Fisch-Frieda zwischen Parzellen und Neubaugebiet
Etwa zur gleichen Zeit, zwei Jahre zuvor, hatte Fisch-Friedas Tante noch eine Parzelle in der Gartenstadt Süd. Dieses Grundstück musste sie abgeben, denn dort sollte ein neuer Stadtteil entstehen. Wohnungen für 10.000 Menschen. Ausgebombte oder Geflüchtete aus dem Osten und mitten drin auch ein neues Gemeindehaus.
„Is‘ gar nicht schlümm“, denkt die Tante, vom Typ her eher stoisch – und auch etwas beseelt, was die Entschädigung angeht. „Lang genug den Rücken krumm gemacht für die Kartoffeln und Bohnen! Is alles wieder in den Geschäften zu haben, brauch’ ich nicht mehr in der Erde buddeln! Mal gucken, was kommt.“
Und da kommt einiges, z. B. die recht große Kirche Matthias-Claudius. Ihre Nichte, Fisch-Frieda, zieht gegenüber ein, bringt ihre Kinder in den netten Spielkreis der Gemeinde. Tantchen ist im Großen und Ganzen recht zufrieden mit dem, was da auf ihrer ehemaligen Parzelle passiert.
Dreimal Fisch-Frieda und die Fusion….
2011 – wir schreiben das vorerst letzte Kapitel unserer Fisch-Frieda- Kirchengeschichte.
Fisch-Frieda und ihre Schwestern sind Neustädterinnen. Die drei sind Mitglieder ihrer Gemeinde – in St. Pauli, Zion und Matthias Claudius, die jetzt Vereinigte Ev. Gemeinde Bremen-Neustadt heißt.
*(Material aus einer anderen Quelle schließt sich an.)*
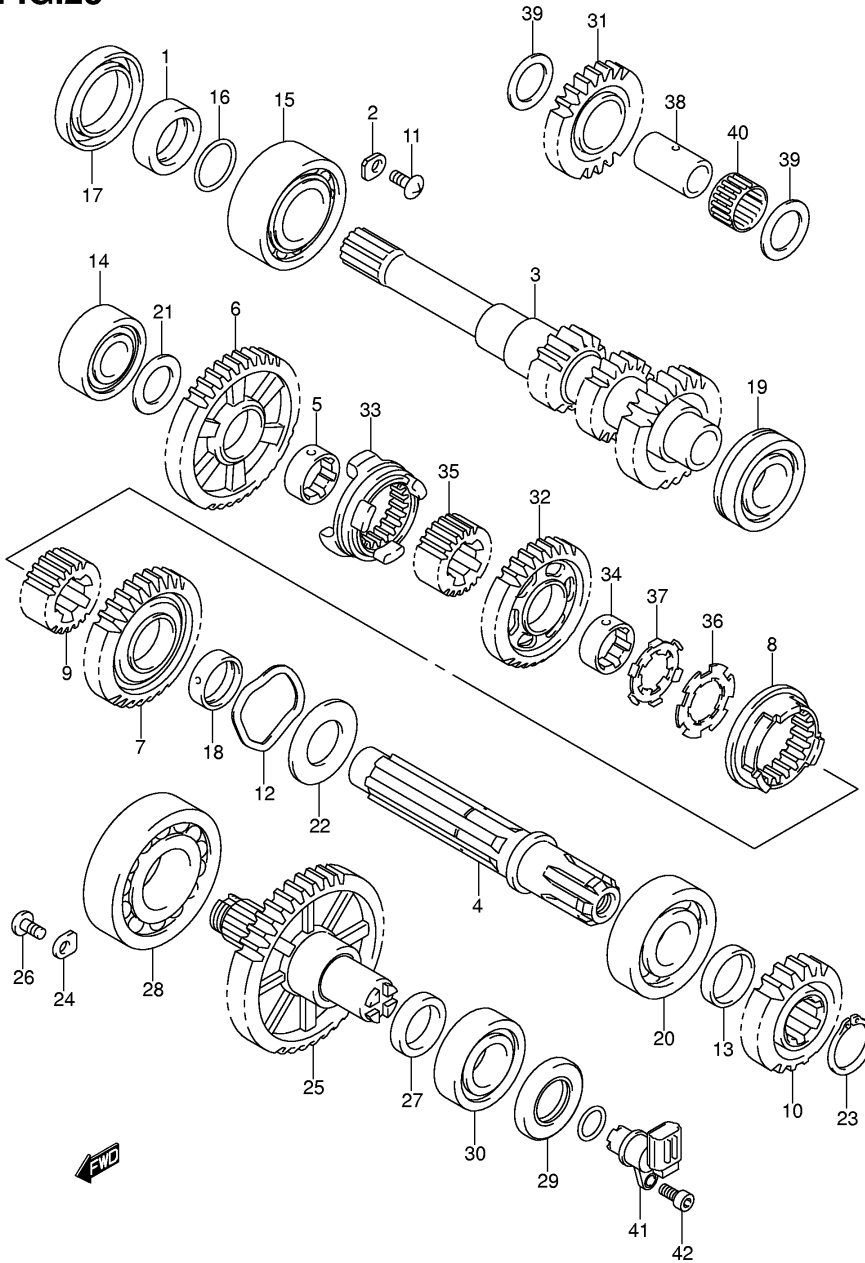

FIG.23

Ref No	Part No	Description
1	21102-31G00	Spacer, Drive Shaft
2	24741-21A00	Retainer, Drive Shaft, R
3	29111-31G00	Shaft, Drive (nt:25/17/16)
4	29131-31G00	Shaft, Sub T/m Counter
5	29215-07G00	Bush, Sub T/m Driven Gr Low
6	29311-31G00	Gear, Sub T/m Driven Low
7	29321-31G00	Gear, Sub T/m Driven High
8	29331-31G00	Dog, Gear Shift High
9	29332-31G00	Spacer, Sub T/m Select
10	29411-31G00	Gear, Sub T/m Drive No.2
11	09125-06110	Screw, Rtnr Drive Shaft, R
12	09164-34001	Washer, Sub T/m Driven
13	09180-25097	Spacer, Sub T/m Drive Gear
14	09262-20139	Bearing, Sub T/m Counter, R
15	09267-30005	Bearing, Drive Shaft, R
16	09280-25004	O-ring, Drive Shaft
17	09283-38025	Seal, Drive Shaft Space
18	24252-19F00	Bush, Sub T/m Driven Gr
19	09262-25003	Bearing, Drive Shaft, L
20	09262-25073	Bearing, Sub T/m Counter, L
21	08211-20363	Washer, Sub T/m Driven, R
22	08211-25463	Washer, Sub T/m Driven, L
23	08331-31256	Circlip, Sub T/m Gear
24	24741-21A00	Retainer, Sec Drive Shaft
25	29120-31G00	Shaft, Sub T/m Output
26	09125-06110	Screw, Retainer (6x12)
27	09180-25083	Spacer, Sub T/m Output
28	09262-35076	Bearing, Sub T/m Output, R
29	09283-25076	Seal, Sub T/m Output, L
30	09262-25003	Bearing, Sub T/m Output, L
31	24561-31G01	Gear, Reverse Idle (nt:23)
32	24571-31G00	Gear, Reverse Driven (nt:32)
33	24581-31G00	Dog, Sub T/m Select SI
34	29215-07G00	Bush, Reverse Driven Gear
35	29332-31G00	Spacer, Reverse Select
36	09167-25013	Washer, Lock
37	09169-25001	Washer, Lock
38	24551-31G00	Shaft, Reverse Idle
39	09181-20195	Washer, Reverse Idle Gear
40	09263-20060	Bearing, Reverse Idle Gear
41	34990-31G00	Sensor, Speed
42	07130-06163	Bolt, Sensor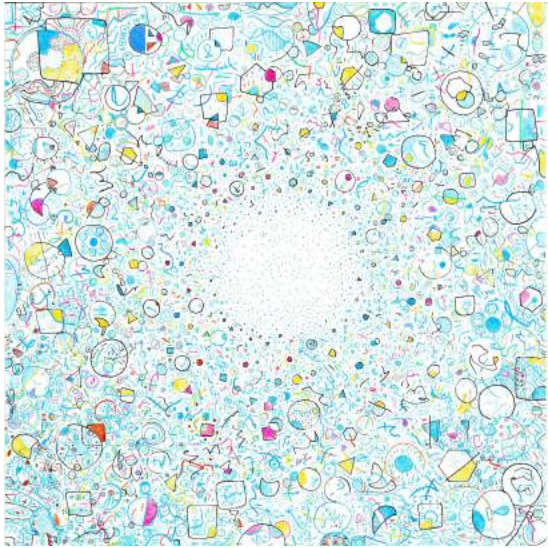

time mandala, 2023.
Watercolor paper, pen and colored pencil,
8 x 8 in (20.32 x 20.32 cm).
\$1,400

mandala 16, 2015.
Watercolor paper, pen and colored pencil,
8 x 8 in (20.32 x 20.32 cm).
\$1,000

dudu mandala, 2014.
Watercolor paper, pen and colored pencil,
8 x 8 in (20.32 x 20.32 cm).
\$1,400

mandala 12, 2014.
Watercolor paper, pen and colored pencil,
8 x 8 in (20.32 x 20.32 cm).
\$1,400

mandala 10, 2014.
Watercolor paper, pen and colored pencil,
8 x 8 in (20.32 x 20.32 cm).
NFS

mandala 8, 2014.
Watercolor paper, pen and colored pencil,
8 x 8 in (20.32 x 20.32 cm).
NFS

disc mandala, 2015.
Watercolor paper, pen and colored pencil,
8 x 8 in (20.32 x 20.32 cm).
\$1,000

mandala 9, 2014.
Watercolor paper, pen and colored pencil,
8 x 8 in (20.32 x 20.32 cm).
NFS

torsion mandala, 2021.
Watercolor paper, pen and colored pencil,
8 x 8 in (20.32 x 20.32 cm).
\$1,400

circle mandala, 2020.
Watercolor paper, pen and colored pencil,
8 x 8 in (20.32 x 20.32 cm).
\$1,000

water mandala, 2020.
Watercolor paper, pen and colored pencil,
8 x 8 in (20.32 x 20.32 cm).
NFS

ring mandala, 2020.
Watercolor paper, pen and colored pencil,
8 x 8 in (20.32 x 20.32 cm).
\$1,000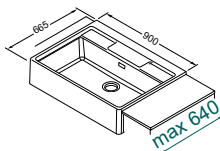

KERATEK

Spazio 900 EXTRA

- K86 Black LKS90086XLP
- K87 Cocoa LKS90087XLP
- K99 Concrete LKS90099XLP
- K89 Dove LKS90089XLP
- K88 Cloud LKS90088XLP
- K95 Champagne LKS90095XLP
- K96 White LKS90096XLP

Die Älteste trauert ihrer Kirche Matthias-Claudius nach. Dort wurde sie getauft, konfirmiert, hat geheiratet. Fisch-Frieda versucht ihre große Schwester immer aufzumuntern: „Ach Mönsch – so ein schöner Kindergarten. Und ein Café, endlich ein Café im Stadtteil.“ Und die Ältere mag das Café auch und die Kinder und das Rondell und dass alles so hübsch offen ist. Aber trotzdem. Veränderung tun manchmal weh.
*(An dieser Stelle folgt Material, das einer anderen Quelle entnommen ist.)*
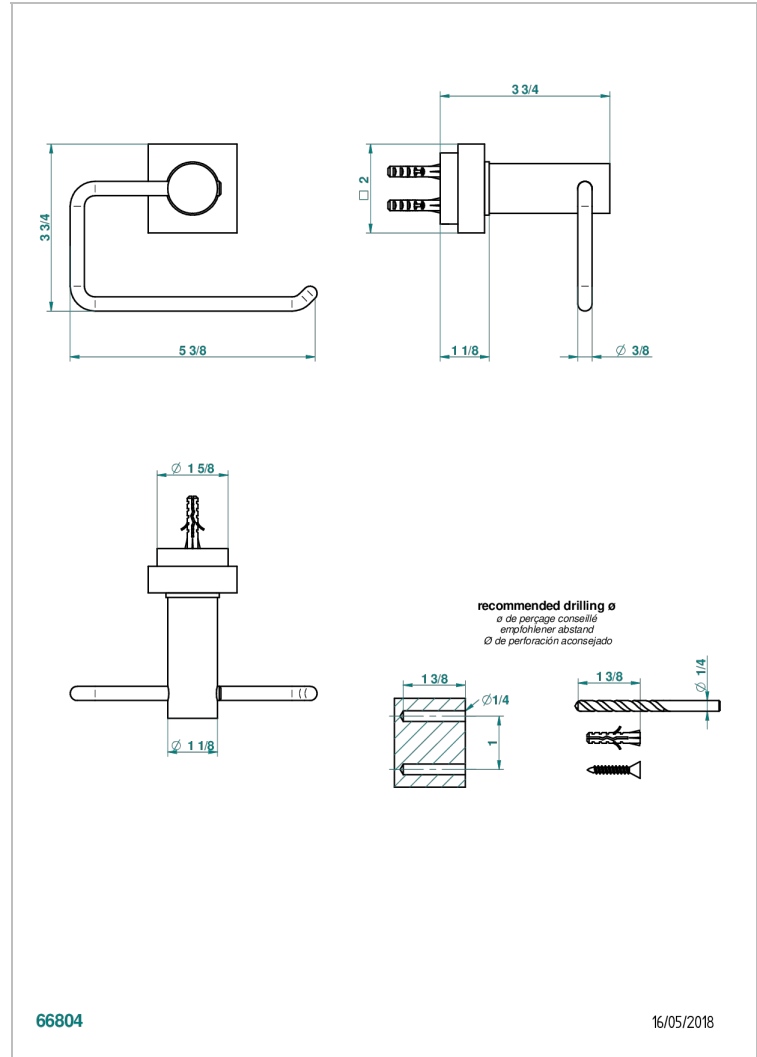

MONTAIGNE VENUS WHITE MARBLE WITH LEVER HANDLES

G3W-538A

Toilet paper holder, single mount without cover

CHARACTERISTIC

- Montaigne Vénus white marble with lever handles
- Toilet paper holder, single mount without cover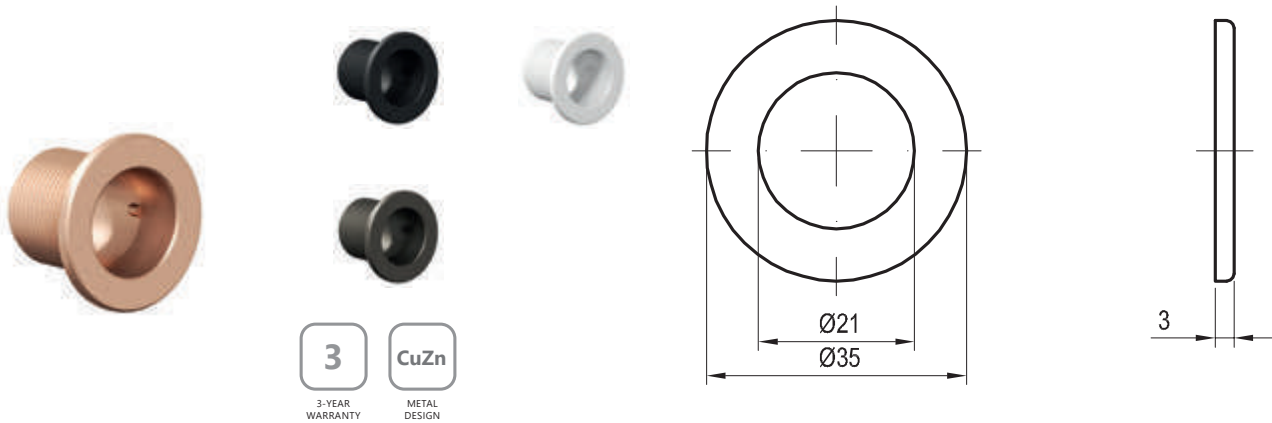

Washbasin accessories

Order No.	Type	Size of packaging (cm)	Gross weight (kg)
X01807	Krytka přepadu pro umyvadlo RF1, white matt	10x10x5	0.8
X01808	Overflow cover for washbasin RF1, black matt	10x10x5	0.8
X01832	Overflow cover for washbasin RF1, Graphite Brushed	10x10x5	0.01
X01833	Overflow cover for washbasin RF1, Rose Gold Brushed	10x10x5	0.01

The chrome cover is part of the cast washbasins with an overflow.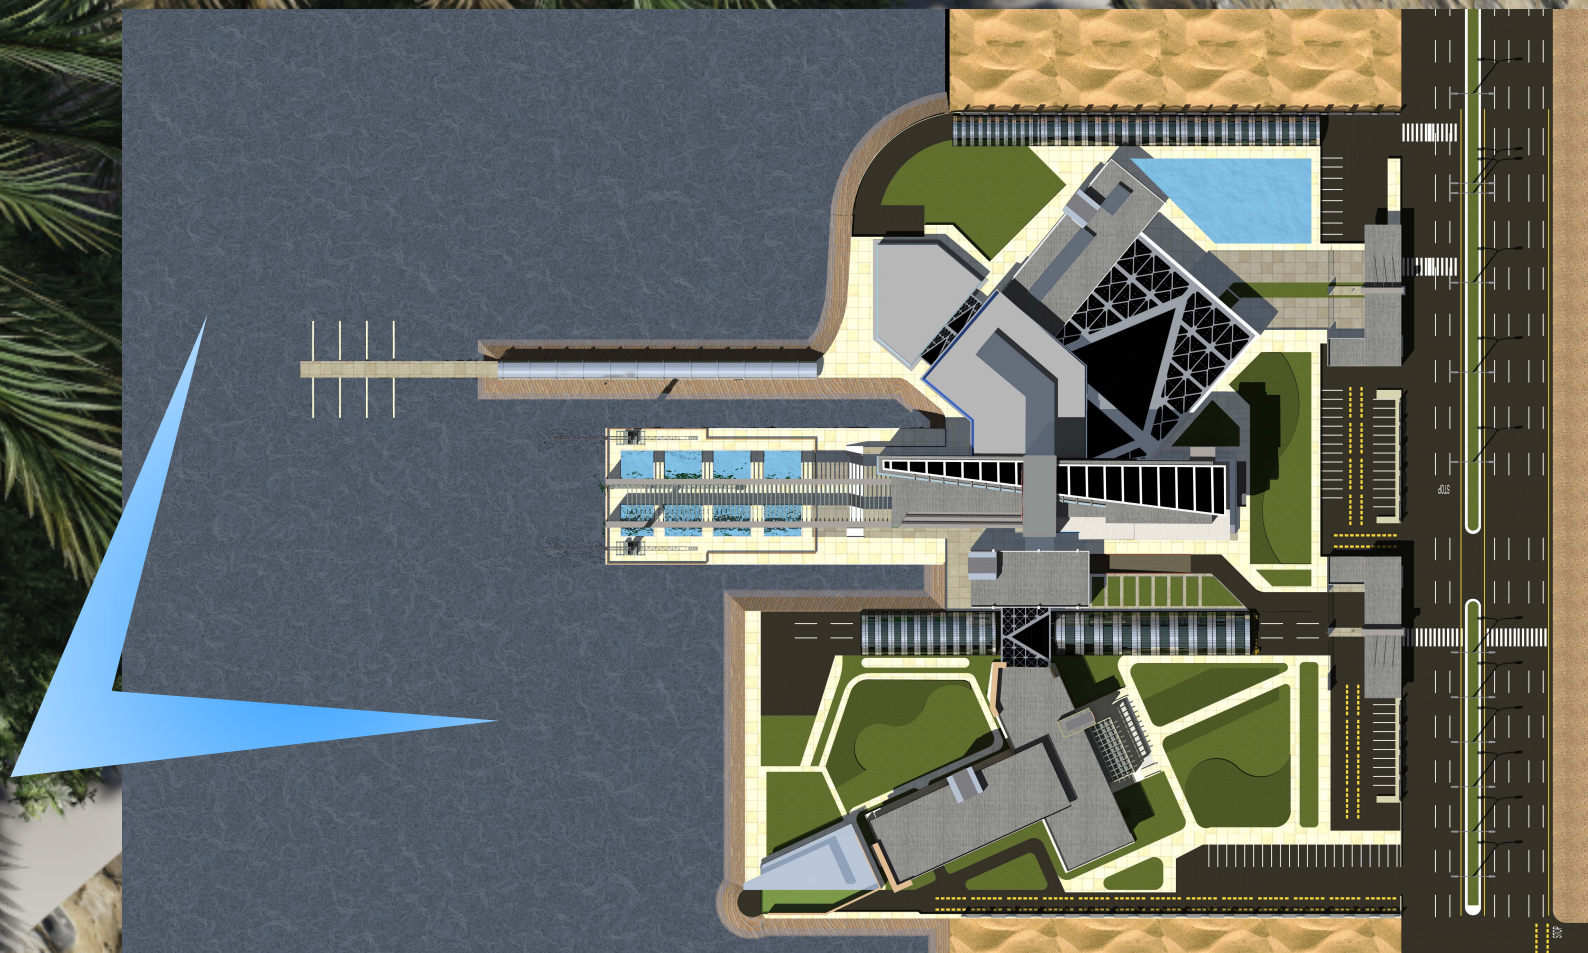

LIVINGAGUATIC RESOURCES RESEARCH CENTER

PERSPECTIVE

LIVINGAGUATIC RESOURCES RESEARCH CENTER

DESIGNED BY:  
SHIMA MOHAMMED ALTAHER ALI

Fisch-Frieda dagegen musste sich sehr daran gewöhnen, dass das Gemeindebüro nur noch an einem Ort zu finden war. Das fand sie ziemlich unpraktisch. Aber da wusste ihre jüngste Schwester einiges zu sagen. „Das ist doch der Witz einer Fusion, dass man Arbeitskräfte bündelt. Und dann kann man sich auch vertreten und kennt den anderen.“ „Trotzdem“, denkt Fisch-Frieda, „Veränderungen sind anstrengend. Stimmt allerdings: seit der Fusion ist dieser nette Küster mit Bart auch mal im Urlaub. Vorher war der nie weg. Vertretungen sind schon eine feine Sache.“
Die jüngste Schwester findet es total spannend, dass alle drei Gemeindezentren sozial engagiert sind. Ist vorher nie aufgefallen. Als würden sie jetzt einander noch anstecken. Überall sind die Türen offen, gibt es was zu essen, Kaffee. Gute Ansteckung für eine Kirche, sagt Fisch-Frieda, die Neustädterin.